Stop at the line that contains "TECHNICAL DRAWING". Until then, set down each line of the records exactly, beginning with the first, and skip pictures.

Excerpts from a dataset:
>>>>>

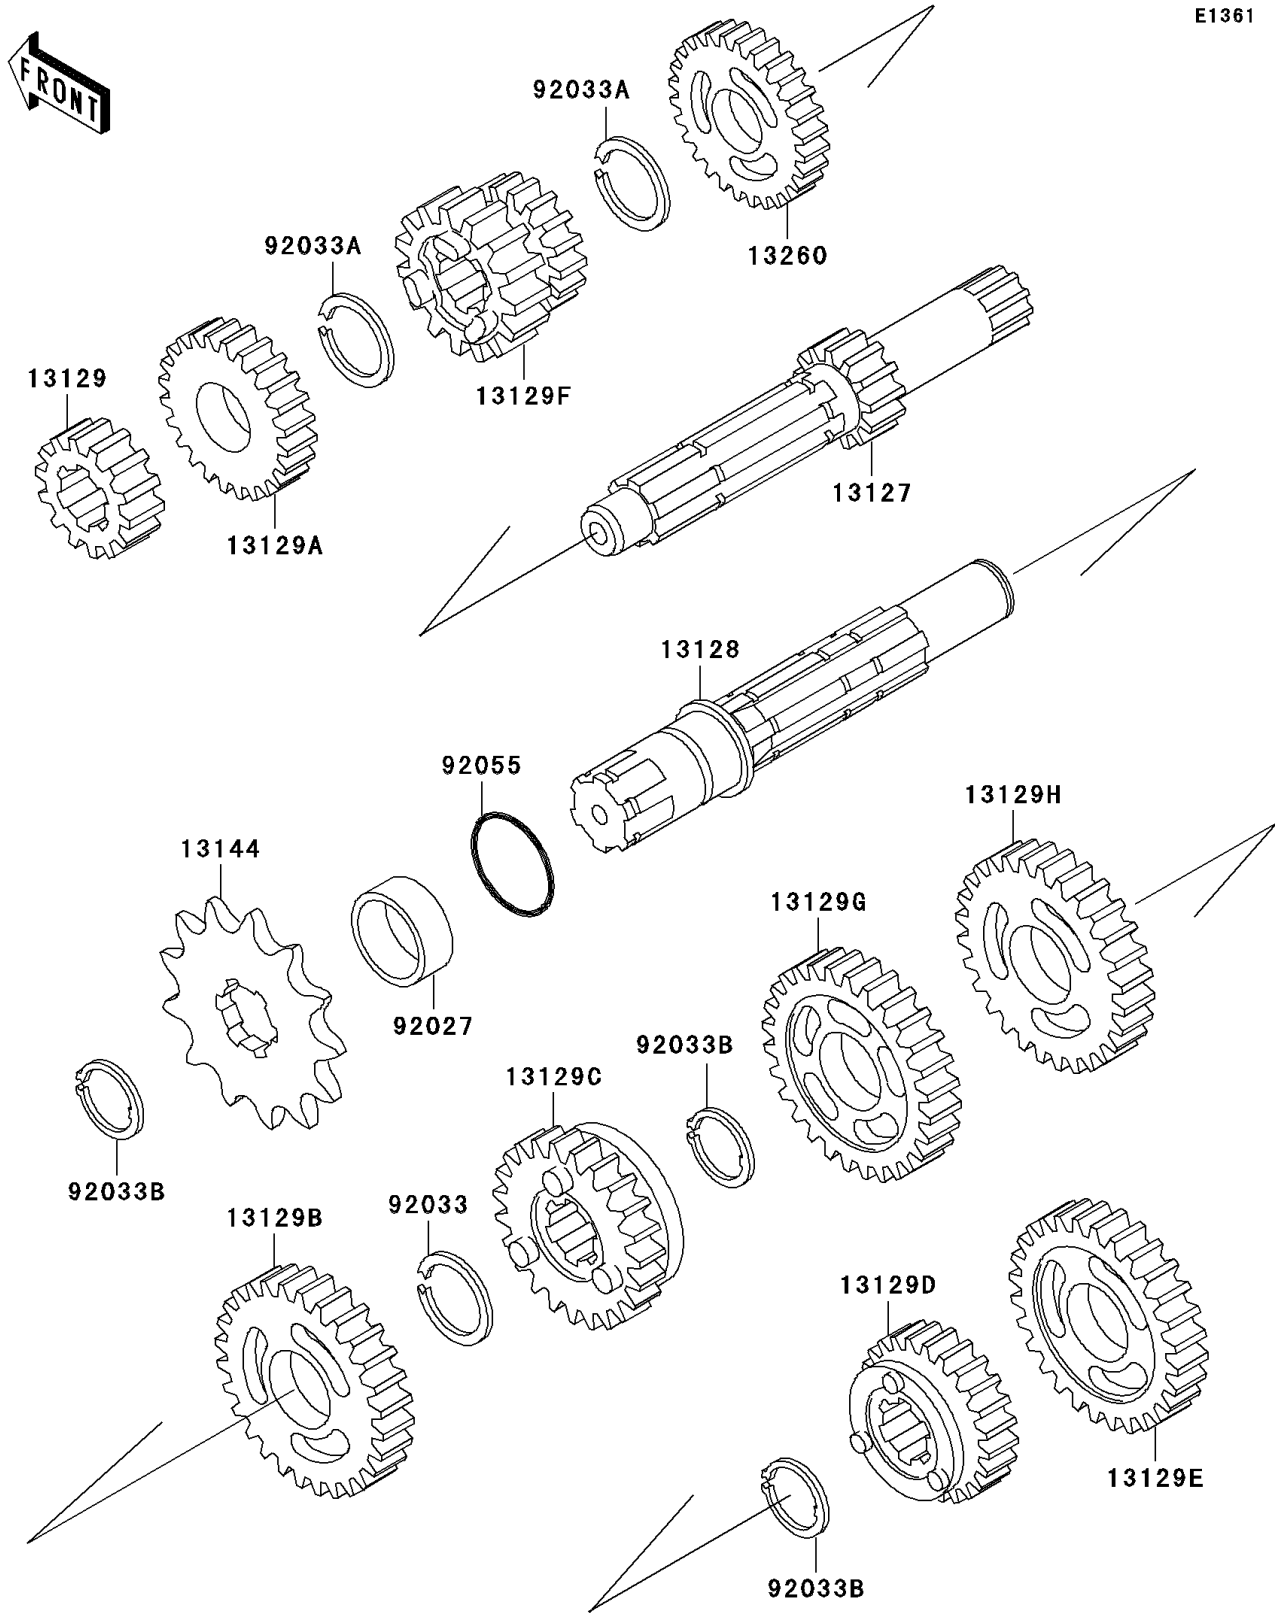

2001 KX60

PARTS DIAGRAM

Transmission

E1361

2001 KX60

PARTS LIST

Transmission

Kawasaki

Let the Good Times Roll®

ITEM NAME

PART NUMBER

QUANTITY
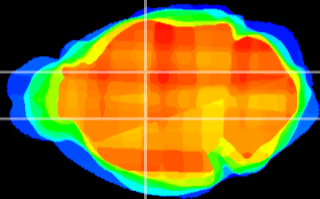

Coronal

Sagittal-R

Sagittal-L

ViBrism: CX19979
Horizontal

VA/VL
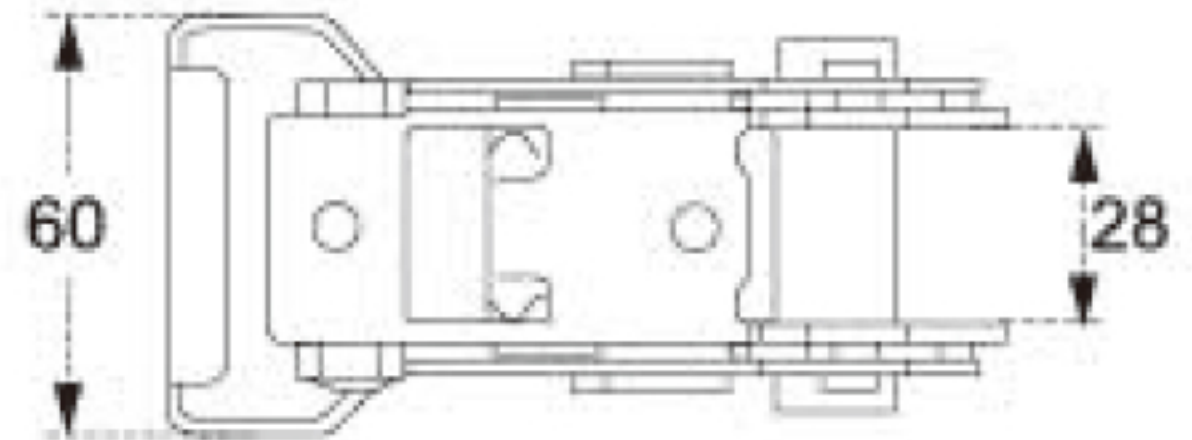

TECHNICAL DRAWING

Tower Industry
YOUR MANUFACTURING BASE IN CHINA

Sales@tower-machinery.com
www.tower-machinery.com

TWRB1302-SS
Ratchet Buckle

DESCRIPTION: 1-1/16" SS
BS: 1500kgs/3300lbs

<<<<<

Exercise output:
2001 KX60

PARTS DIAGRAM

Transmission

E1361

2001 KX60

PARTS LIST

Transmission

Kawasaki

Let the Good Times Roll®

ITEM NAME

PART NUMBER

QUANTITY

Coronal

Sagittal-R

Sagittal-L

ViBrism: CX19979
Horizontal

VA/VL

TECHNICAL DRAWING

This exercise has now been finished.